If the price of a new compact car is more than you or your boss would like to spend, New York City start-up Makerbot Industries offers a small RepRap-derived printer kit for about $900. British RepRap parts supplier Bits From Bytes sells parts for a rather larger, reportedly more reliable unit for £750 (about $1200) and offers fully assembled machines for $3000 and up.

But what are these machines actually good for? PR representatives for HP and Stratasys make it clear that their new machines are for mechanical engineers and designers to make mock-ups and prototypes of new ideas (and for educators teaching the next generation, who will likely work in a world where 3-D fabrication is commonplace), but not for consumers: Despite HP's reputation for building high-end consumer printers, this is not one of them.

And although the fully assembled machines have established a strong reputation for reliability, do-it-yourselfers must beware the 3-D equivalent of the paper jam, which often involves scattered blobs of solidified plastic, smoking circuit boards, or half-melted motor mounting brackets.
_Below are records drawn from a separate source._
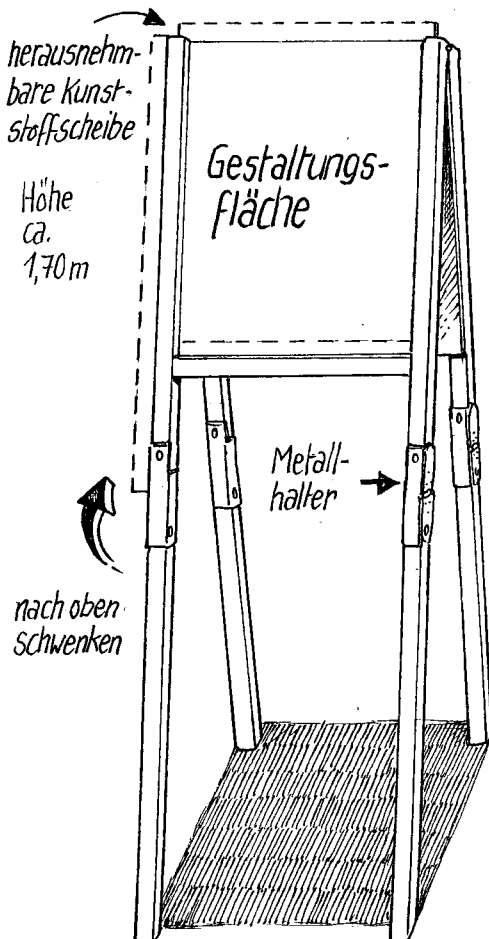

montiert auf den Fahrradtransportanhänger "carry freedom"

### ANLEITUNG

Verkaufsfläche:  
2,15 m x 0,63 m  
Höhe: 0,93 m

Nach ausführlicher mündlicher Einweisung sollen die Anleitungen als Gedankensstütze dienen!

Die Stellwände passen so zusammengeklappt in den Rat(d)-Laden

Probleme beim Aufbau? Anruf genügt 0741-1757903

Konstruktion Stand u. Stellwände: Gottfried Geshicht-Gärtner

Viel Spaß wünscht Gerhard Mauch (Initiative 3. Welt Rottweil)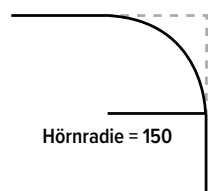

Artikel nr.	Kod	Stativ inkl. bordsskiva	Stativ inkl. bordsskiva Wing			Stativ inkl. bordsskiva DL		Stativ exkl. bordsskiva	
			Björkfanér 210.	Ask ask kant 666.	Björk björk kant 555.	Vit, svart kant 222. Vit, vit kant 333.	Björk björk kant 201.	Vit vit kant 203.	140.	
R 100 45 cm 55 cm 42 cm 59 cm	1492	Höjd 45 cm								
		Lack	2663:-	4487:-	4415:-	4089:-	2597:-	3574:-	2056:-	
		Krom	3439:-	5261:-	5190:-	4866:-	3373:-	4351:-	2809:-	
	1493	Höjd 55 cm								
		Lack	2663:-	4487:-	4415:-	4089:-	2597:-	3574:-	2056:-	
		Krom	3439:-	5261:-	5190:-	4866:-	3373:-	4351:-	2809:-	
	1494	Höjd 72 cm								
		Lack	2663:-	4487:-	4415:-	4089:-	2597:-	3574:-	2056:-	
		Krom	3439:-	5261:-	5190:-	4866:-	3373:-	4351:-	2809:-	
R 150 55 cm 65 cm 42 cm Ø 59 cm	1495	Höjd 45 cm								
		Lack	2722:-	4487:-	4415:-	4089:-	2779:-	3574:-	2056:-	
		Krom	3499:-	5261:-	5190:-	4866:-	3556:-	4351:-	2809:-	
	1496	Höjd 55 cm								
		Lack	2722:-	4487:-	4415:-	4089:-	2779:-	3574:-	2056:-	
		Krom	3499:-	5261:-	5190:-	4866:-	3556:-	4351:-	2809:-	
	1497	Höjd 72 cm								
		Lack	2722:-	4487:-	4415:-	4089:-	2779:-	3574:-	2056:-	
		Krom	3499:-	5261:-	5190:-	4866:-	3556:-	4351:-	2809:-	
R 150 70 cm 80 cm 49 cm Ø 68 cm	1500	Höjd 45 cm								
		Lack	2906:-	4539:-	4470:-	4148:-	2932:-	3628:-	2107:-	
		Krom	3659:-	5298:-	5226:-	4844:-	3685:-	4386:-	2844:-	
	1501	Höjd 55 cm								
		Lack	2906:-	4539:-	4470:-	4148:-	2932:-	3628:-	2107:-	
		Krom	3659:-	5298:-	5226:-	4844:-	3685:-	4386:-	2844:-	
	1502	Höjd 72 cm								
		Lack	2906:-	4539:-	4470:-	4148:-	2932:-	3628:-	2107:-	
		Krom	3659:-	5298:-	5226:-	4844:-	3685:-	4386:-	2844:-	
Tillval:	Helsvetsad toppbordsskiva								+ 395:-	
	Specialhöjd								+ 395:-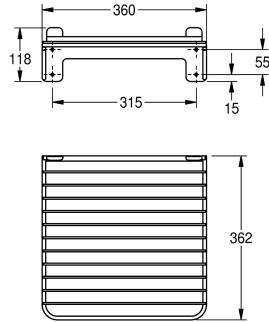

## KWC SIRIUS Grille pour seau

Modell-Linie: SIRIUS | SIRX512  
Bacs de lavage, déversoirs et éviers | Accessoires

### KWC-No.

**2000101201**  
Grille pour seau

Grille pour seau en acier inoxydable à montage mural au-dessus du bac d'évacuation en MIRANIT, à charnières, avec protection anti-basculement, matériel de fixation fourni.

Dimensions 360 x 118 x 362 mm (L x H x P)

### Données techniques

Unité de remplissage

1

Unité de mesure

Pièce

Internet forums and builder blogs are full of stories about hours spent rebuilding extruders, days tweaking the alignment of build platforms, and nights rewriting the software that "slices" designs into layers that can be built up on top of one another without drooping or warping or overtaxing a printer's tiny CPU. There is even a cottage industry of higher-strength spare parts for the kit components that are most likely to fail. If atoms are indeed the new bits, as the futurati have declared, then consider what the world will be like when mechanical objects are as buggy as the typical piece of software.

Indeed, at the hacker level, the most popular print runs seem to be 3-D printer parts. If you want something built for use, you might have better luck shipping your design to one of the rapid-fabrication services that have sprung up all over the world.

But Ian Adkins, technical director of Bits From Bytes, views things a little differently: Engineers, hackers, and educators have purchased thousands of the company's kits—initial production of the new fully assembled model is fully spoken for—and he is happy to report that at least some of his customers are building actual products as well as prototypes and models. If your annual production of any particular plastic bit is only a few hundred pieces, he says, the cost of a 3-D printer can be a fraction of the setup costs for machining or injection molding.

And if tinkering is part of the attraction, you'll join thousands of other hackers who are getting the design of extruders, construction platforms, structural frames, controller boards, and other parts just right. Yours could be the innovation that makes cheap fabrication a turnkey process for the rest of us.